We have Native American men and women from Standing Rock, Rosebud, Pine Ridge, Lower Brule, Crow Creek, and Cheyenne River and from reservations as far away as Flandreau, Sisseton and Yankton. Most moved here to find jobs, start businesses, or attend college at Oglala Lakota College or the School of Mines. Or perhaps they moved here because they have relatives living here.

We mentioned all nine reservations in South Dakota for a reason. Think of this; if you were living back on your home reservation you would consider it your duty to attend some of the tribal council meetings. You would do that to find out what your government is doing on your behalf or on behalf of the tribe.

It is natural that we continue to think of the lands where we were born and raised as our home. But having made that move to Rapid City we need to make a serious change of mind. Most of us cannot vote on our home reservations if we are not physically residing there. We have complained about this in the past in hopes that a group of Lakota/Dakota/Nakota would decide that this is illegal because by denying you the right to vote is disenfranchisement. If you still have land holdings on your respective reservation you should have the right to vote in the tribal elections and if you cannot vote there you should be asking yourself (and a skilled attorney) why not?

But surprisingly there is no such restrictions placed upon you by the wasicu government of Rapid City. If you live here, pay rent here, own a home here, pay taxes here and have children in school here, you are considered a citizen of Rapid City and have the legal right to vote and more than that, to run for public office.


Native Sun News general manager Jackie Giago, at podium, addresses the Rapid City Council. Photo by Richie Richards

We would love to see Native Americans run for the City Council, the School Board, and the County Commissioners and even for mayor. It doesn’t matter whether you win because it will give you the opportunity to participate, debate and bring your points of view to the forefront of the election process.

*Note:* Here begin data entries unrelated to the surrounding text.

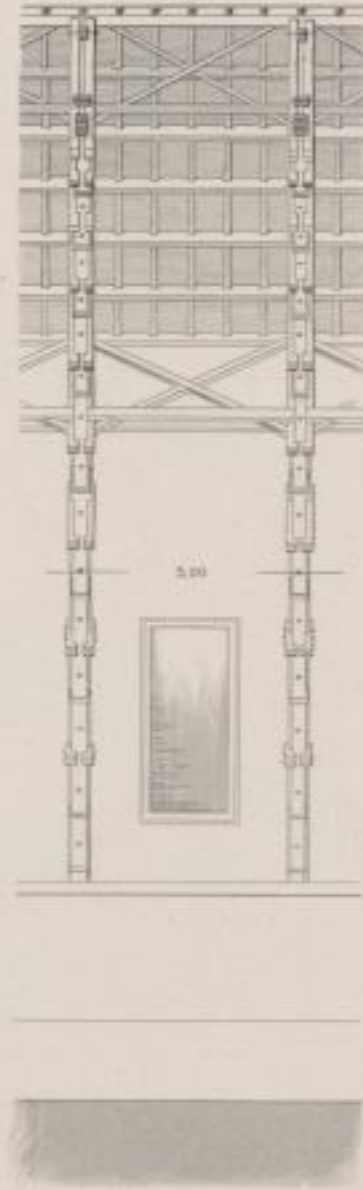

# Bohlenbogen-Dächer

Maßstab = 1:100

F. I.

Dachstuhl nach Emy.

Maßstab der Details = 1:50

F. II.

F. II.

F. IV.

F. V.

Dachstuhl über dem alten Central Bahnhof in München.

Ernst & Korn, Berlin.
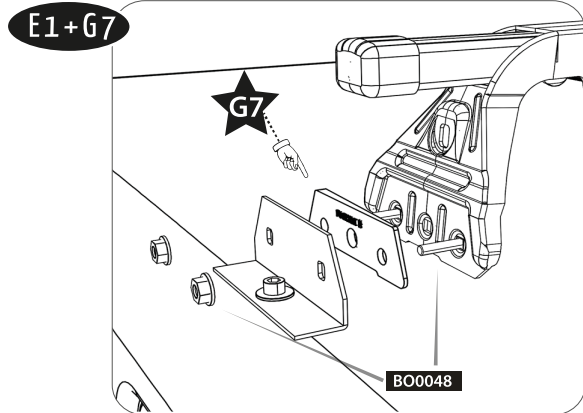

EVO

NEO

- E** Instrucciones de montaje Kit de fijación
- C** Instruccions de muntatge Kit de fixació
- GB** Assembly instructions Fixation Kit
- F** Instruction de montage Kit fixation
- D** Montageanleitung Stützfuß-Kit
- PT** Instruções de montagem Kit fixação
- I** Istruzioni di montaggio Kit di fissaggio
- PL** Instrukcja montażu Element mocujący
- CZ** Montážní návod Fixační kit
- HU** Szerelési Utasítás Rögzítő készlet
- RO** Instrucțiuni de montaj Kit de fixare
- HR** Detaljne upute Kit za montažu
- TU** Öncelikle montaj Montaj kiti

POOL-LINE ACCESORIOS, S.L.
C. Esqueis, 19. P. I. Can Barri
08415- Bigues i Riells. Barcelona (España)
www.pool-line.net

Nº HOMOLOGACIÓN: **E9** 26R-03.1085

110439

Review 4/2015

				P1	P2	P5	P6
BMW							
SERIE 1 E81	07 - 12	3	B00017 + B00019	S53 + G7	S52 + G7	S52 + G7	S53 + G7
SERIE 1 E87	04 - 11	5	B00017 + B00019	S53 + G7	S52 + G7	S52 + G7	S53 + G7
SERIE 1 F20	11 -	5	B00017 + B00019	S53 + G7	S52 + G7	S52 + G7	S53 + G7
SERIE 1 F21	12 -	3	B00017 + B00019	S53 + G7	S52 + G7	S52 + G7	S53 + G7
SERIE 3 E90	05 - 11	4	B00017 + B00019	S53 + G7	S52 + G7	S52 + G7	S53 + G7
SERIE 3 E92 COUPE	07 - 11	2	B00017 + B00019	S53 + G7	S52 + G7	S52 + G7	S53 + G7
SERIE 5 GT F077	10 -	5	B00017 + B00019	S53 + G7	S52 + G7	S52 + G7	S53 + G7
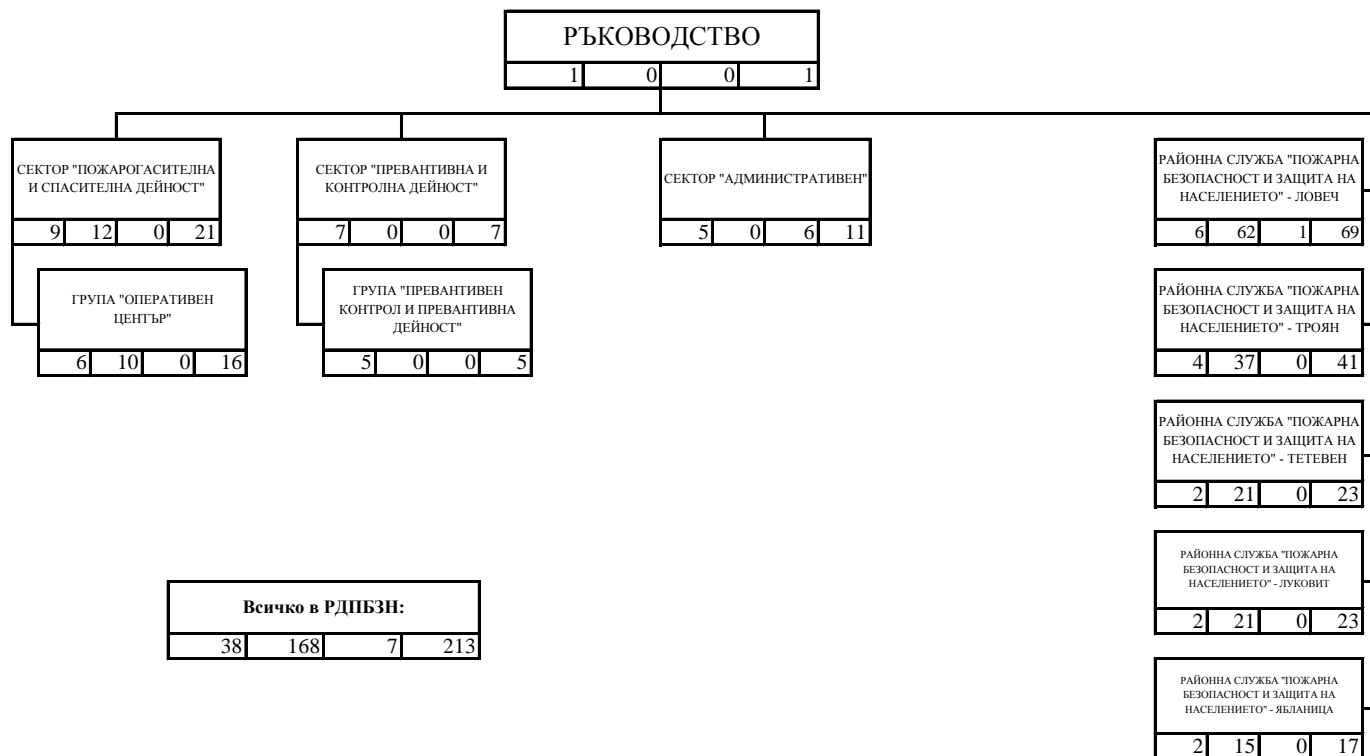

СТРУКТУРНА СХЕМА НА РЕГИОНАЛНА ДИРЕКЦИЯ "ПОЖАРНА БЕЗОПАСНОСТ И ЗАЩИТА НА НАСЕЛЕНИЕТО" - ЛОВЕЧ

ЛЕГЕНДА

1				
2	3	4	5	

- 1 - наименование на структурата;
- 2 - държавни служители с висше образование;
- 3 - държавни служители със средно образование;
- 4 - лица, работещи по трудово правоотношение;
- 5 - общ брой служители.

We will never advance our lives in Rapid City until we are seriously considered as a part of the solution and not as a problem. Think of this: If two Native Americans make outrageous statement and claims, all Native Americans are blamed, but if two white men make the same claims, only those two individuals are blamed.

In other words, we as Native Americans are all rolled up into one basket. If one is guilty of a misdeed, we are all guilty.

Elections will be coming in 2016 and it is not too late to not only register to vote and make your voice known, but it is necessary that those Native Americans who feel that we have had enough and are not going to take it anymore, take out petitions and run for public office. It’s the only way!